La familia Thompson había sido encontrada. Estaban vivos.
Pero el descubrimiento abrió una caja de Pandora de tragedias. Los abuelos, ahora en sus 80 años, recibieron la llamada telefónica que habían soñado durante 11 años. Su hija y sus nietos estaban vivos. Pero la alegría fue reemplazada por la conmoción. Su hija había elegido dejarlos vivir en el infierno de la incertidumbre para protegerse.
David fue detenido, no por su desaparición, sino por las investigaciones sobre sus afirmaciones de lavado de dinero, que ahora debían ser corroboradas.
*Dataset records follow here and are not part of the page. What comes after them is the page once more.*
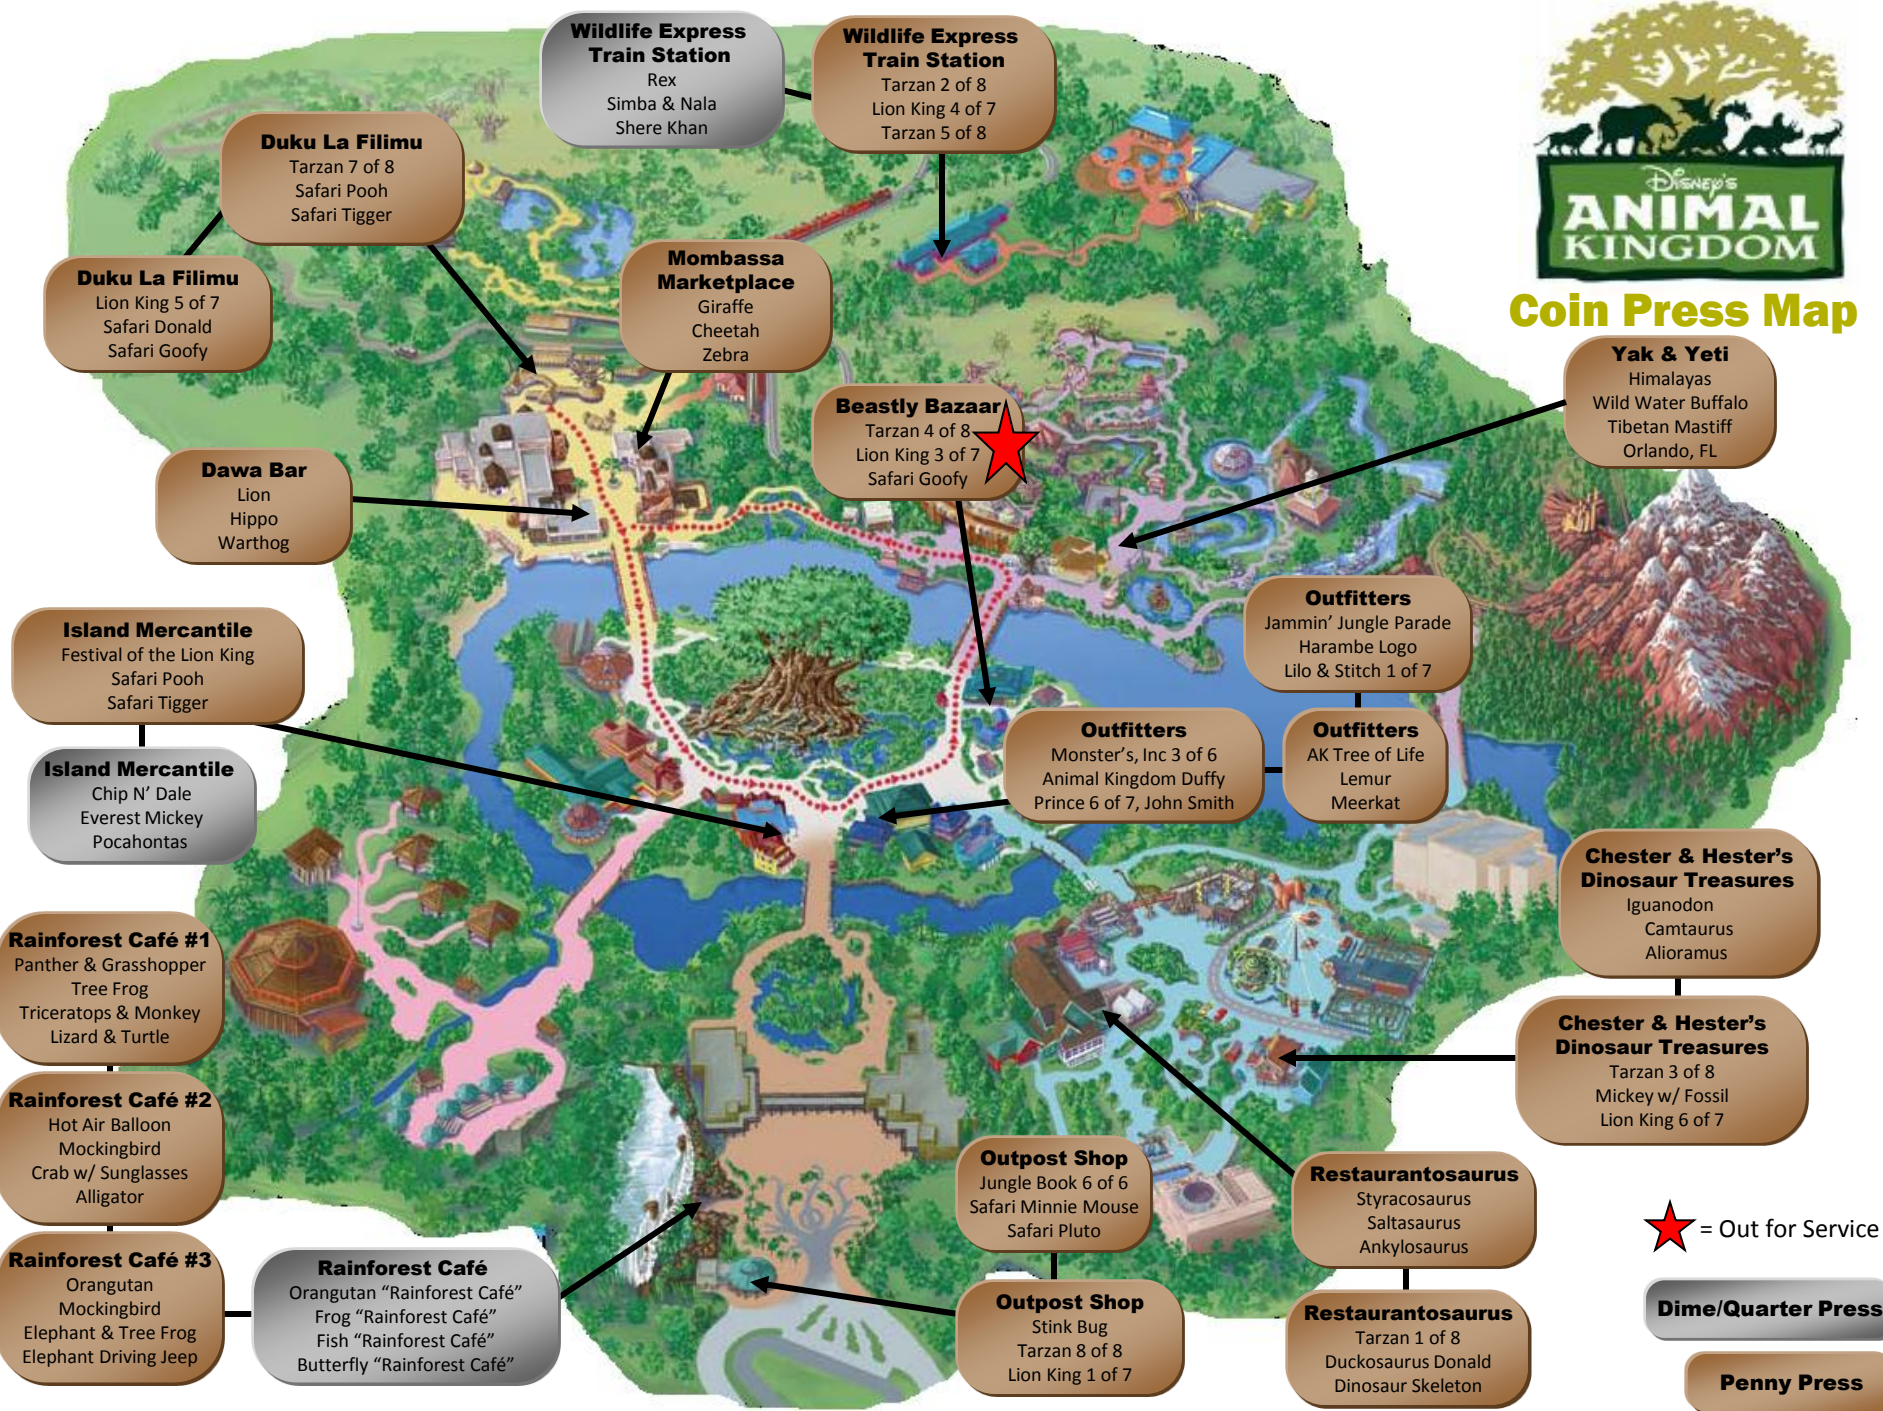

Walt Disney World Coin Press Maps & Checklist

- ❖ Disney's Animal Kingdom
- ❖ Disney's Hollywood Studios
- ❖ Epcot
- ❖ Magic Kingdom
- ❖ Downtown Disney
- ❖ Resorts, Water Parks & Sports Complex

Coin Press Map

★ = Out for Service

Dime/Quarter Press

Penny Press

Walt Disney World Coin Press Locations Checklist

Area	Location	Type	Die A	Die B	Die C	Die D	Notes
Park Entrance	Outpost Shop	Penny	Jungle Book 6 of 6, "Shere Kahn"	Safari Minnie	Safari Pluto With Backpack		
Park Entrance	Outpost Shop	Penny	Stink Bug	Tarzan Series 8 of 8	Lion King 1 of 7, Simba		
Park Entrance	Rainforest Café	Penny	Panther & Grasshopper	Tree Frog	Triceratops & Monkey	Lizard & Turtle	
Park Entrance	Rainforest Café	Penny	Hot Air Balloon Orlando, FL	Mockingbird FL State Bird	Crab w/Sunglasses	Alligator Orlando FL	
Park Entrance	Rainforest Café	Penny	Orangutan	Mockingbird FL State Bird	Elephant, Tree Frog	Elephant Driving Jeep	
Park Entrance	Rainforest Café	Quarter	Orangutan	Frog	Fish	Butterfly	
Discovery Island	Outfitters	Penny	Jammin' Jungle Parade	Harambe Logo	Lilo & Stitch 1 of 7, Jumba		
Discovery Island	Outfitters	Penny	Animal Kingdom Tree of Life	Lemur	Meerkat		
Discovery Island	Outfitters	Penny	Monsters Inc. 3 of 6	Animal Kingdom Duffy	Princes Series 6 of 7 John Smith		
Discovery Island	Island Mercantile	Penny	Festival of the Lion King Logo	Safari Pooh With Canteen	Safari Tigger with Binoculars		
Discovery Island	Island Mercantile	Quarter	Chip & Dale	Everest Mickey	Pocahontas		
Discovery Island	Beastly Bazaar	Penny	Tarzan Series 4 of 8, Tantor	Lion King Series 3 of 7, Hula Timon	Safari Goofy With Camera		Out for Service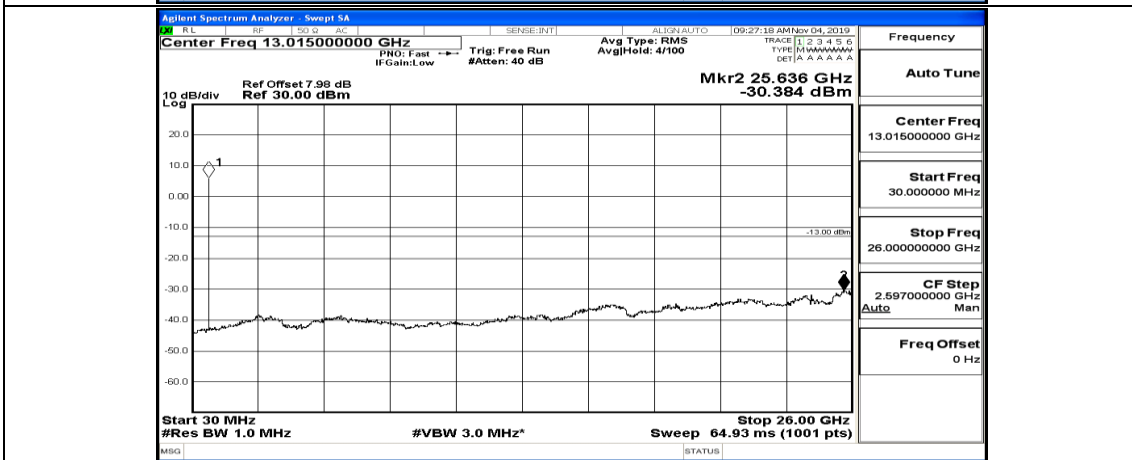

Channel Bandwidth: 10 MHz_MCH_QPSK_1RB#0

Frequency
Auto Tune
Center Freq 79.500 kHz
Start Freq 9.000 kHz
Stop Freq 150.000 kHz
CF Step 14.100 kHz Man
Freq Offset 0 Hz

Frequency
Auto Tune
Center Freq 15.075000 MHz
Start Freq 150.000 kHz
Stop Freq 30.000000 MHz
CF Step 2.985000 MHz Man
Freq Offset 0 Hz

Frequency
Auto Tune
Center Freq 13.015000000 GHz
Start Freq 30.000000 MHz
Stop Freq 26.000000000 GHz
CF Step 2.597000000 GHz Man
Freq Offset 0 Hz

Channel Bandwidth: 10 MHz_MCH_QPSK_1RB#24

Channel Bandwidth: 10 MHz_MCH_QPSK_1RB#49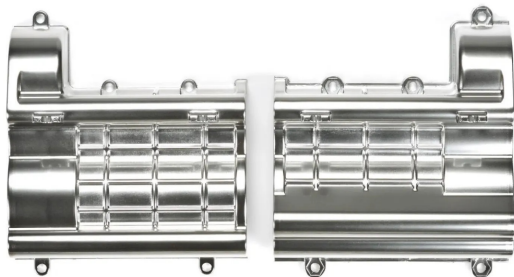

Item no.: 370879

## 300056539 - Model kit, 1:14 B-parts gearbox housing matt chrome

from **10,71 EUR**

Item no.: 370879  
shipping weight: 0.20 kg  
Manufacturer: TAMIYA

### Product Description

Turn your TAMIYA truck into an eye-catcher, the matt chrome finish of the 3-speed gearbox housing attracts everyone. Suitable for all 2- and 3-axle TAMIYA trucks. Caution! Not suitable for children under 36 months.

- Scope of delivery: 1 gearbox housing set chrome matt- Recommended age: 14 years and older

Pero el verdadero impacto fue en Emily y Jacob. Con 20 y 18 años, fueron arrojados a un mundo que no entendían. Eran adultos sin historia, sin habilidades para navegar la vida moderna. Su rescate fue, en muchos sentidos, el comienzo de un desafío aún mayor. Habían sido encontrados, pero estaban irremediablemente perdidos.